== Input material

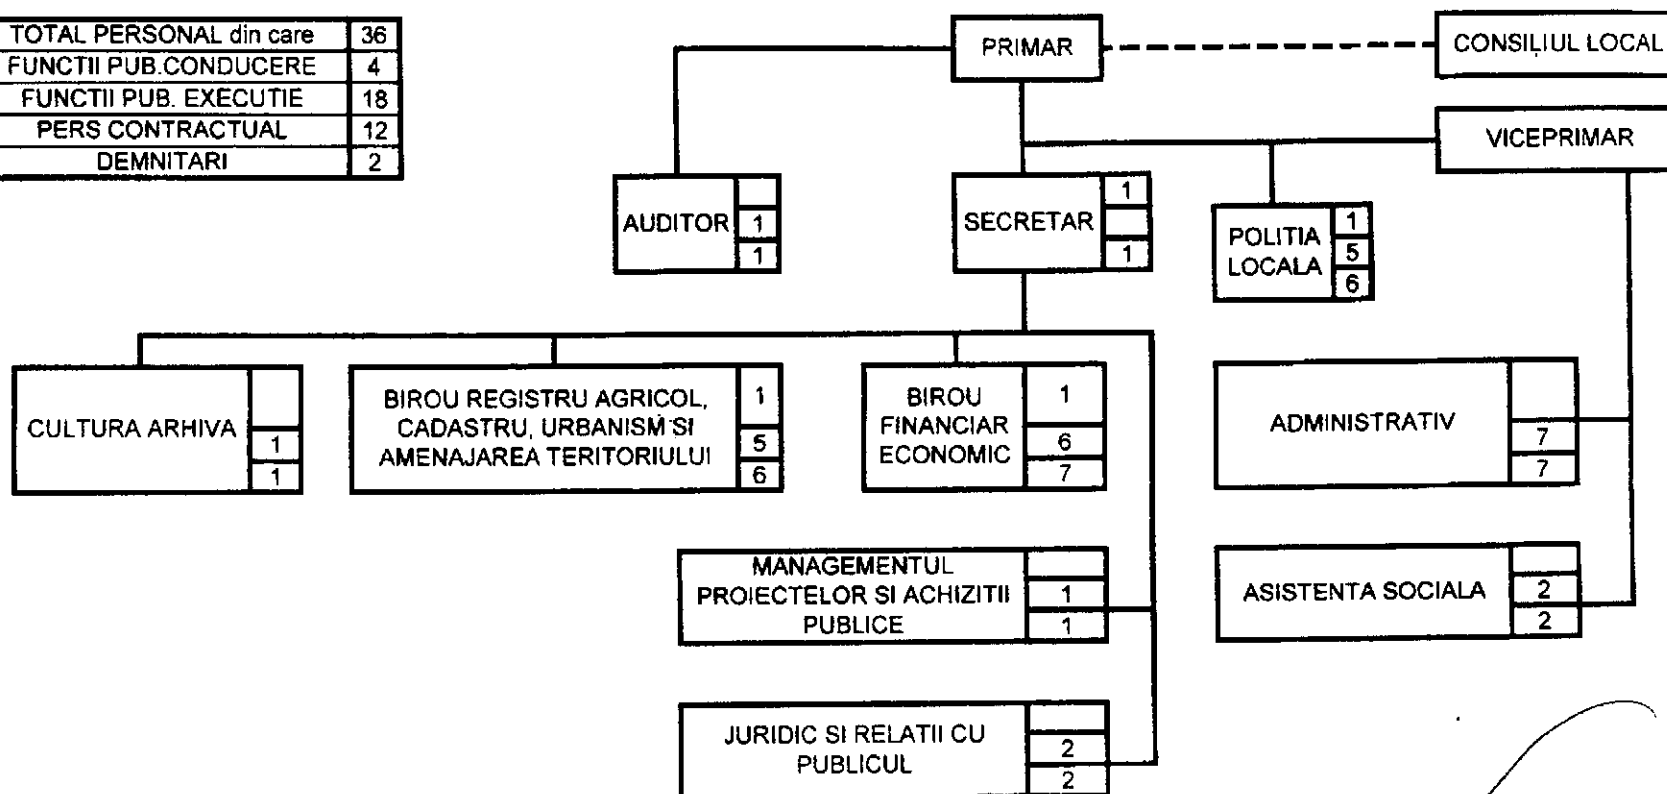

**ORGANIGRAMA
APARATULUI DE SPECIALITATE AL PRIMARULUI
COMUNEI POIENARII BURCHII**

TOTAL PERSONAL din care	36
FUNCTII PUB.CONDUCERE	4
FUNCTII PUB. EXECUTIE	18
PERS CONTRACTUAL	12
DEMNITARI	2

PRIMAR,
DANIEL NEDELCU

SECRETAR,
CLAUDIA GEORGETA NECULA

====
== Input material

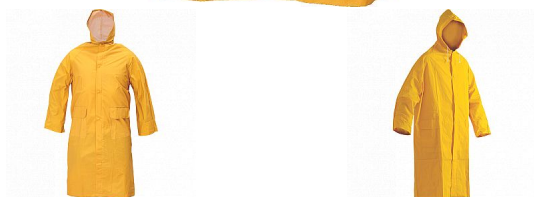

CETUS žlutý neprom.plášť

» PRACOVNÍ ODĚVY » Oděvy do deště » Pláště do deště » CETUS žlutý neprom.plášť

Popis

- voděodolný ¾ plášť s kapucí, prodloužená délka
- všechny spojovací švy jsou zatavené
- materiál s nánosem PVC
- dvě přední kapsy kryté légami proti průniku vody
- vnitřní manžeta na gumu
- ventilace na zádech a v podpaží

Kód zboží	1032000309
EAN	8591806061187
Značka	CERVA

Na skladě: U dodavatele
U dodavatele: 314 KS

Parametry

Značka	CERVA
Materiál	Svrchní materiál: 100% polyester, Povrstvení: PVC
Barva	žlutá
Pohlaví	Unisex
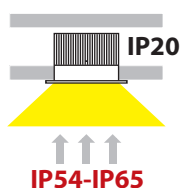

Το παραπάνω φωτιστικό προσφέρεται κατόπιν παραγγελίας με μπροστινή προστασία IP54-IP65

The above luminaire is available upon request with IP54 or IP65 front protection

====
== Input material

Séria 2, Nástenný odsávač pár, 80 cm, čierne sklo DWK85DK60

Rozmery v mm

====

All lines in the listing above that contain "plášť" should be shown.

CETUS žlutý neprom.plášť
» PRACOVNÍ ODĚVY » Oděvy do deště » Pláště do deště » CETUS žlutý neprom.plášť
- voděodolný ¾ plášť s kapucí, prodloužená délka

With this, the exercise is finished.